Städteregionsrat Grüttemeier: „Starkes Signal“
Die Fördermittel sollen demnach vor allem in den Aufbau der nötigen technischen und verkehrlichen Infrastruktur fließen, um die Ansiedlung weiterer Unternehmen der Luftfahrtindustrie zu ermöglichen. Dazu gehören auch zentrale Untersuchungen, Konzepte und Fachgutachten für die Umsetzung des Projekts. Ein städtebaulicher Masterplan soll zudem die Grundlage für eine geordnete und nachhaltige Entwicklung des Standorts schaffen.

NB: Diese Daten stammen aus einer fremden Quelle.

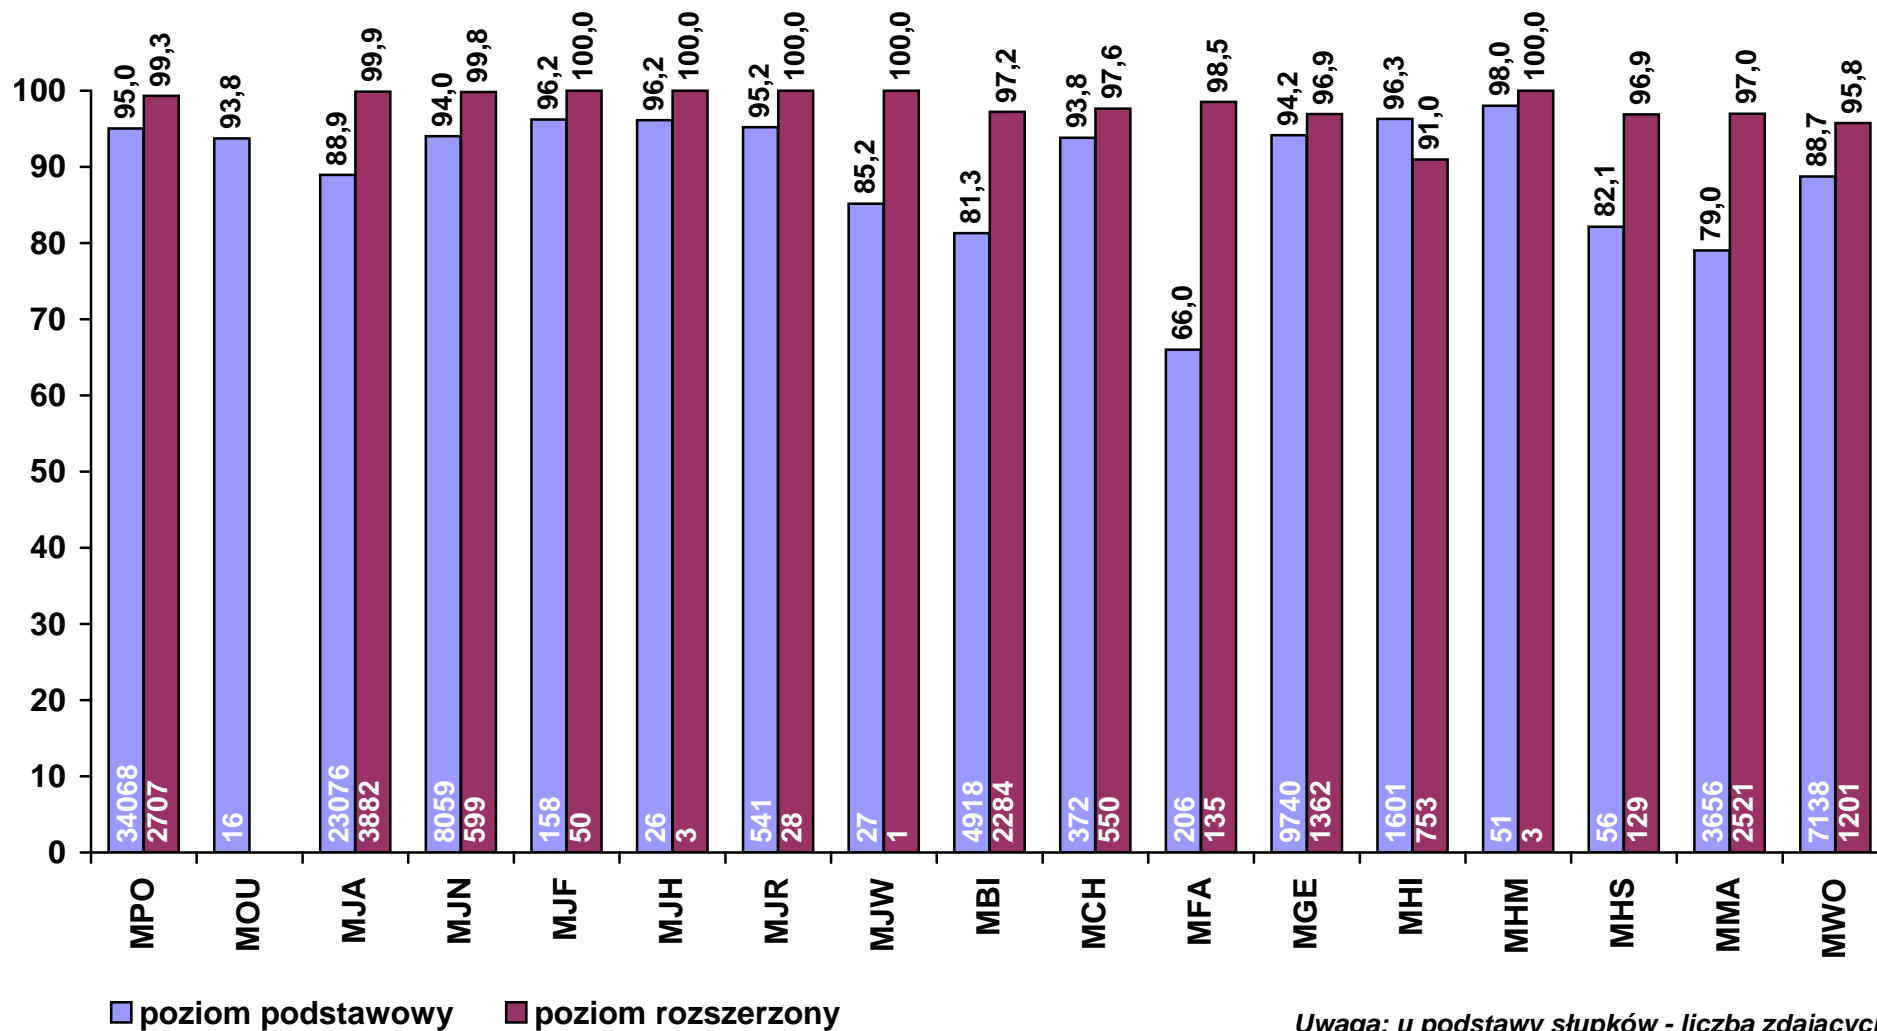

**Przystępujący do egzaminu maturalnego w 2009 r. wg przedmiotów i poziomów
(egzaminy pisemne - obowiązkowe i dodatkowe, zdający po raz pierwszy, stan 30 06 2009 r.)**

**Zdawalność egzaminu maturalnego w 2009 r. wg przedmiotów i poziomów
(egzaminy pisemne obowiązkowe, zdający po raz pierwszy, stan 30 06 2009 r.)**

Uwaga: u podstawy słupków - liczba zdających

**Średnia liczba pkt% na egzaminie maturalnym w 2009 r. wg przedmiotów i poziomów
(egzaminy pisemne - obowiązkowe i dodatkowe, zdający po raz pierwszy, stan 30 06 2009 r.)**
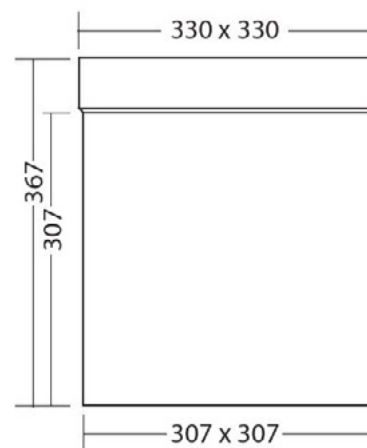

Vedligehold:

Armaturet skal testes iht. gældende lovgivning. Der skal ydes produktet service mindst én gang pr. år.
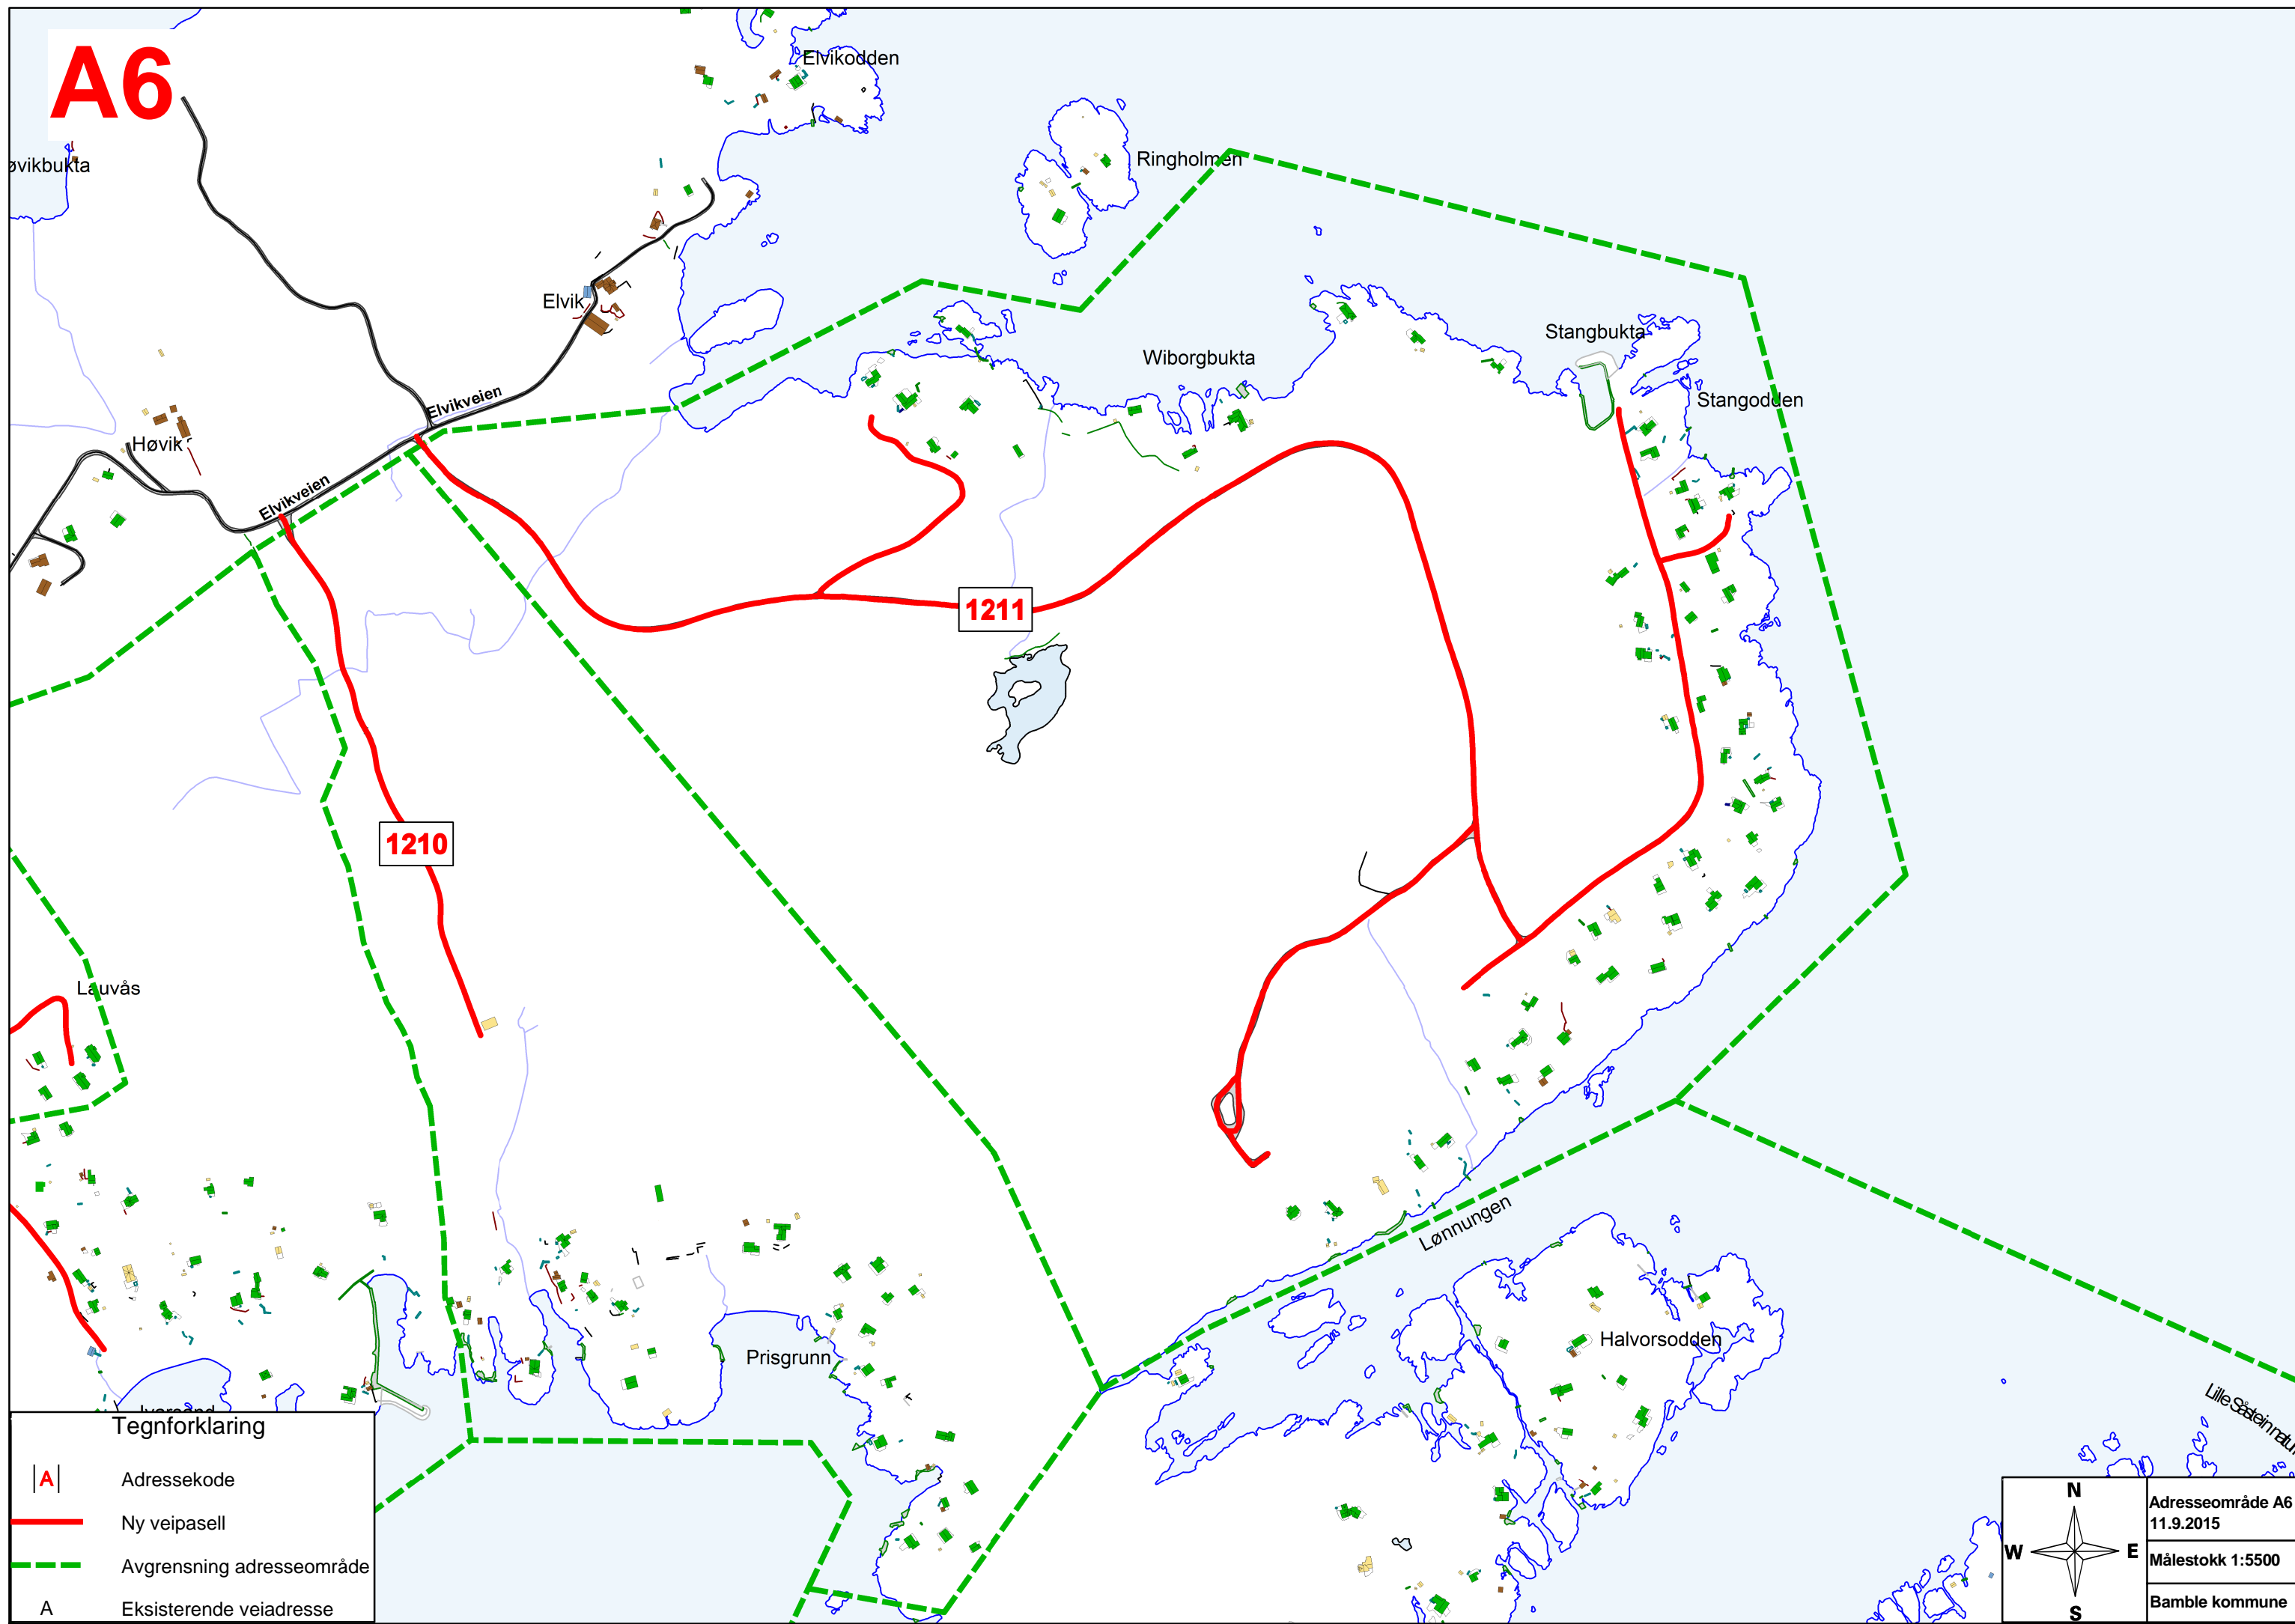

A6

Tegnforklaring

A	Adressekode
—	Ny veipasell
- - -	Avgrensning adresseområde
A	Eksisterende veiadresse

Adresseområde A6
11.9.2015
Målestokk 1:5500
Bamble kommune

Städteregionsrat Dr. Tim Grüttemeier wertet die Landesförderung als „starkes Signal“ für den Strukturwandel im Rheinischen Revier. Damit könne die erfolgreiche Entwicklung in Merzbrück konsequent fortgesetzt werden – mit dem Ziel, weitere hochwertige Arbeitsplätze zu schaffen und wirtschaftliche Perspektiven für die gesamte Region zu eröffnen.
Projekt soll Strukturwandel weiter vorantreiben
Die Entwicklungen am Standort kommen derweil zügig voran. Im Aero-Park 1 wird bereits intensiv gebaut, mehrere renommierte Projekte befinden sich in der finalen Planungsphase – der Baustart steht kurz bevor. Umso wichtiger ist nun die geplante Erweiterung des Areals im Süden des Forschungsflugplatzes, um angesichts der starken Nachfrage zusätzliche Ansiedlungsflächen zu schaffen.